Sunday Salon: A Round-Up of Online Reading

Sunday Salon

This week’s absolute must read: Ellie Herman’s reflection on why we need better language to describe poverty.

Michelle tackles the problem of “I don’t know what to write”.

Lisa explains why teachers should use Twitter and reflects on her journey as a connected educator.

Matt Renwick urges us to rethink reading logs in favor of more meaningful ways of responding to reading and keeping track of our reading lives.

A thoughtful post on the inequalities of our education system from Teen Librarian Toolbox: “The myth that kids and later young adults can pick themselves up by their bootstraps and get a good education is just that – a myth.”
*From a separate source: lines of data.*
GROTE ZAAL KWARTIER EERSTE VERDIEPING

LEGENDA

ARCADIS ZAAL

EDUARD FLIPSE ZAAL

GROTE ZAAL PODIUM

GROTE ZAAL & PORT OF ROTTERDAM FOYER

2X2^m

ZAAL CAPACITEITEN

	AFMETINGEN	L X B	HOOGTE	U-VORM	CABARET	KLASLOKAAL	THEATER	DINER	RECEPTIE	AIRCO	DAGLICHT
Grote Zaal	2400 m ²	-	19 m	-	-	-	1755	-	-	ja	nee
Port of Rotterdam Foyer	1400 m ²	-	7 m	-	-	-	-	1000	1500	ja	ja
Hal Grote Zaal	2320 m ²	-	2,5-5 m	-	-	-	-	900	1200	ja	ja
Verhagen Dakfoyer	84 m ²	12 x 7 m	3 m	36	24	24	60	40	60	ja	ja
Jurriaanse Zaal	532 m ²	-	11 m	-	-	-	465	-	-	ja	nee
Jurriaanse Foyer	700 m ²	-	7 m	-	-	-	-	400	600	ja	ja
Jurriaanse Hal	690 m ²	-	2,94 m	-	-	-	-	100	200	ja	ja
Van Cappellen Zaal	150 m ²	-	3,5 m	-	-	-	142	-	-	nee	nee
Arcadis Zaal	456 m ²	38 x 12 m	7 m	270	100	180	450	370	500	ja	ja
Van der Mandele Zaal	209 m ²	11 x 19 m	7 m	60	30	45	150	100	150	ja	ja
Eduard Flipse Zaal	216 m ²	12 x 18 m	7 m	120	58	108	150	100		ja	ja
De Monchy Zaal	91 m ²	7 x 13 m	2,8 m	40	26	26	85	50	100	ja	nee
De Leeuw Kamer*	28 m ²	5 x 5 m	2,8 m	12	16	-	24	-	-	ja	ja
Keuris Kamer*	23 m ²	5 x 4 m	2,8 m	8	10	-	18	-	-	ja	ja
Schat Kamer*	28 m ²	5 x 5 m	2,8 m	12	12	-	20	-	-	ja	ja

Katherine Sokolowski identifies a huge problem in our schools: How Much Activity Do Our Students Need?

YA novelist Sarah McCarry contributed a beautifully-written post for John Scalzi’s The Big Idea series, explaining why she writes the stories she writes. Her books are going on my #MustReadin2015 list for sure.

Stacked reflects on the books we loved as children that are hugely problematic to us as adult readers. Little House on the Prairie, I am totally thinking about you.
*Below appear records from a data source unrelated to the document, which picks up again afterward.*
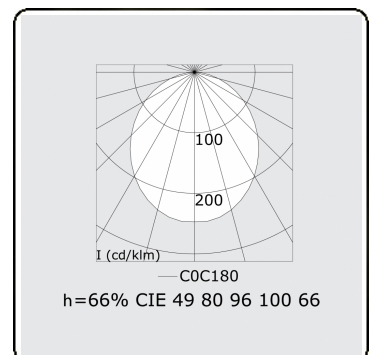

Lichttechnische gegevens

UGR	>19
CIE Fluxcode	49 80 96 100 66

Afmetingen

A	1964 mm
---	---------

Opmerkingen

Inbouwarmatuur (randloos) - Direct - HO 150mA - satiné (gelijkggend) - ANO

ENERGY

Verrijgbaar op aanvraag.
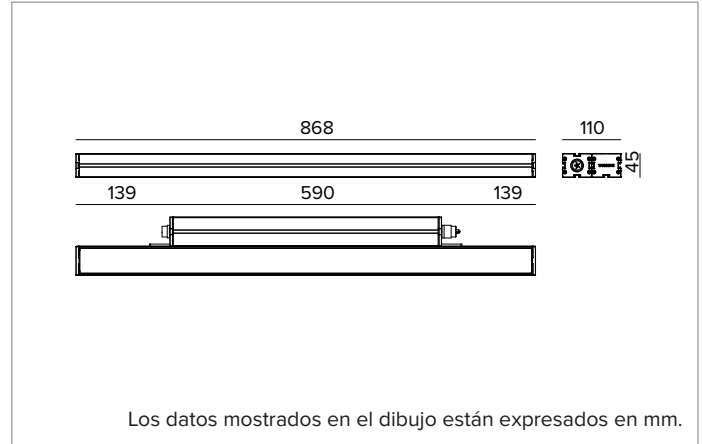

E0543FFL827ELBC | JEDI NOVA 55 Proyector Side Box Proyector lineal orientable de LED

		2700K	H(m)	D(m)	E _{max} (lx)	
		Ra80		31°		
		Fixture Power	52W	1	0.56	13625
		Source Flux	6669lm	2	1.12	3406
		Fixture Flux	5016lm	3	1.67	1514
		Efficacy	96lm/W	4	2.23	852
TS2113	I _{max} =2043cd/klm	I _{max}	13625cd	5	2.79	545

Seguridad fotobiológica: Conforme al grupo de riesgo RG1 (Riesgo Bajo)

CARACTERÍSTICAS MECÁNICAS

Cuerpo de aluminio extruido anodizado 15μ. Pantalla plana de cristal extra claro de 5mm de espesor. Cuerpo de la luminaria orientable respecto a la superficie de instalación mediante estribos accesorios.

Color y acabado: Cobre bruñido

Dimensiones: L=868mm

Peso: 4,4Kg

Versión: STANDARD

Grado de protección: IP66,IP67,IP68,IP69

Resistencia mecánica: IK07

CARACTERÍSTICAS ELÉCTRICAS

Driver integrado, en la versión ON-OFF (posicionado lateralmente al cuerpo óptico). Equipado con cableado pasante con conectores IN/OUT para instalación de panel con sellado longitudinal (el sellado limita el riesgo de ascenso de la humedad hacia el driver / cuerpo óptico). Luminaria compatible con EN 60598-2-22 para suministro de energía desde un sistema de emergencia centralizado CPSS (Central Power Supply System), no incorporado en la luminaria - áreas de alto riesgo excluidas. La potencia y el flujo predeterminados son 100% en CA y 100% en CC.
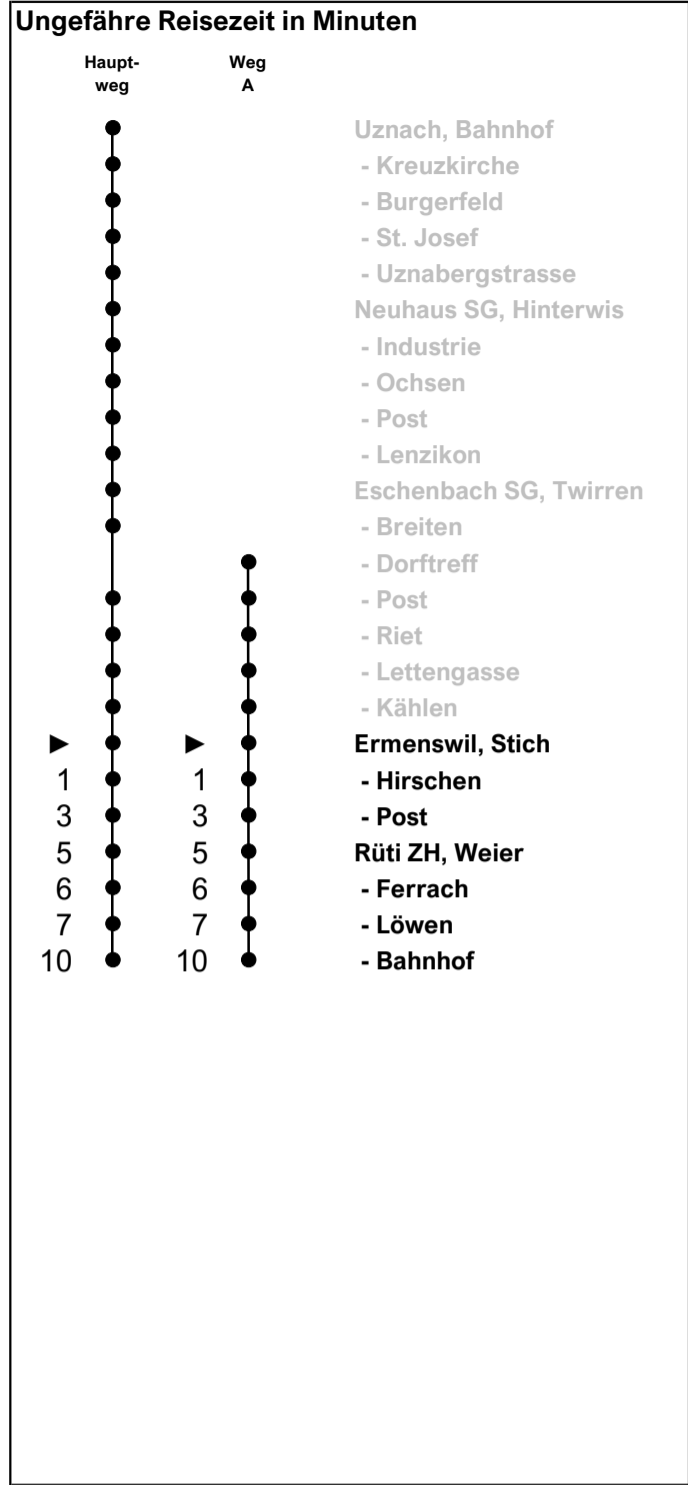

## Ermenswil, Stich

## Richtung Rüti ZH, Bahnhof

Gültig von 10.12.2023 bis 13.12.2025

**Zeichenerklärung**

A Führt Weg A

Als Feiertage gelten:  
25. Dezember, 26. Dezember, 1. Januar, Karfreitag,  
Ostermontag, Auffahrt, Pfingstmontag, 1. August

h	Montag - Freitag	Samstag	Sonn- und Feiertag	h
5				5
6	A 04 A 19 34 A 49	A 04 34		6
7	04 A 19 34 A 49	A 04 34	34	7
8	04 34	A 04 34	A 04 34	8
9	04 34	A 04 34	A 04 34	9
10	04 34	A 04 34	A 04 34	10
11	04 34	A 04 34	A 04 34	11
12	04 34	A 04 34	A 04 34	12
13	04 34	A 04 34	A 04 34	13
14	04 34	A 04 34	A 04 34	14
15	04 34	A 04 34	A 04 34	15
16	04 A 19 34 A 49	A 04 34	A 04 34	16
17	04 A 19 34 A 49	A 04 34	A 04 34	17
18	04 A 19 34	A 04 34	A 04 34	18
19	04 34	A 04 34	04 A 34	19
20	04 34	04 A 34	A 04 A 34	20
21	04 34	A 04 A 34	A 04 A 34	21
22	04 A 34	A 04 A 34	A 04	22
23	A 04	A 04		23
0				0
1				1
2				2
3				3
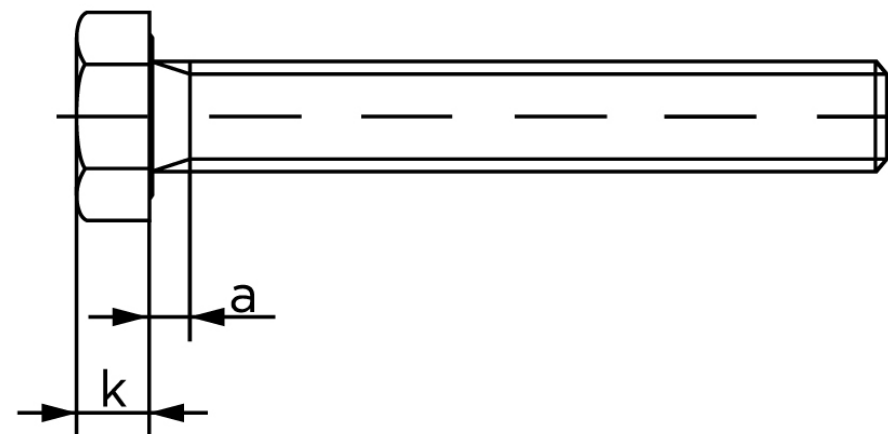

Sætskrue ISO 4017 Messing M8x20 (100 Stk)

SKU: 040177000080020

GTIN:

Norm	ISO 4017
Dimensions	8
S _{ISO/DIN}	13
k	5,3
a ^{max.}	3,75
Mere info om ISO 4017	ISO 4017

Bemærk disse data er vejledende, og informationerne skal anses som vejledende, Bolte.dk stiller ingen garanti eller kan stilles til ansvar for overstående datatabel. Er du i tvivl så kontakt os på 75154999.

I was relieved to see that the Information Minister in Singapore has called a halt to the destruction of children’s books that include gay families (well, sort of. And Tango Makes Three is a true story about penguins.) Appalling that a national library would pulp a children’s book at all and especially appalling to target a group of people in such a hateful way.

I loved Donalyn Miller’s post about the books that we start, don’t finish, but don’t quite abandon either: Hit Pause. Another readerly behavior I need to talk about with my students.
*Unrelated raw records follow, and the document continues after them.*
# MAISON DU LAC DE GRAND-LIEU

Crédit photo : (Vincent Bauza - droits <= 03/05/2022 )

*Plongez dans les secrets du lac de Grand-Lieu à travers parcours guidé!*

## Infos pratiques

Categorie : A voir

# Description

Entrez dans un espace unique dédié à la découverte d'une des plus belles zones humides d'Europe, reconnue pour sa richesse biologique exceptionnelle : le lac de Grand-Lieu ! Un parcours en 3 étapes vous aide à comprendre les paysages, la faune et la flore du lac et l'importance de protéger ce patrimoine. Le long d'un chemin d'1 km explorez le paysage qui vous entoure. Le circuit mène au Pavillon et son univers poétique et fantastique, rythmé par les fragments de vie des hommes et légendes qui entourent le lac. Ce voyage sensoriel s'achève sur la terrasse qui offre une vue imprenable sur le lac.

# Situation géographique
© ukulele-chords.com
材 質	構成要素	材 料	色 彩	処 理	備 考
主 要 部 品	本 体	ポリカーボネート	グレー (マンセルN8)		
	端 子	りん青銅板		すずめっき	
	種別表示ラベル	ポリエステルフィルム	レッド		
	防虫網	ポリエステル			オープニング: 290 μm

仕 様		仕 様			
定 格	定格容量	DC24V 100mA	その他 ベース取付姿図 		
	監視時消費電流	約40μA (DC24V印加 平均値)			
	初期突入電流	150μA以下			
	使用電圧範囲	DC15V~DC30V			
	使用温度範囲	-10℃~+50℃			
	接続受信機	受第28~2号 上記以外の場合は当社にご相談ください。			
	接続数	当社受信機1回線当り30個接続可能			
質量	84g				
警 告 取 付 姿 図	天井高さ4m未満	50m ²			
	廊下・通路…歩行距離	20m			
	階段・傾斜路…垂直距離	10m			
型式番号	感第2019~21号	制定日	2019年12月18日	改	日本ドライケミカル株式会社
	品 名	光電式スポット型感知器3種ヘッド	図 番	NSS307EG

Shane Parrish writes about how he finds time to read. Hint: it’s all about what you choose NOT to do with your time.

I am going to try Angela Watson’s approach to saying no: “I can’t say yes because…”

I always suspected prison would be a really great place to get a lot of reading done.

Will Richardson identifies one of the biggest obstacles in rethinking the ways we do school: “Our” Curriculum vs “Their” Curriculum.

Pernille Ripp has published several great posts this week on student blogging including 14 Meaningful Steps to Student Blogging, 6+1 Steps to Better Student Blogging and Ideas for Integrating Student Blogs into Your Curriculum

This might be the best tumblr ever: Little Girls Are Better at Designing Superheroes Than You Are.

Your whole day will be better if you watch this video about a sloth orphanage and rescue center.

I really want to make this Blueberry Lime Cobbler this week.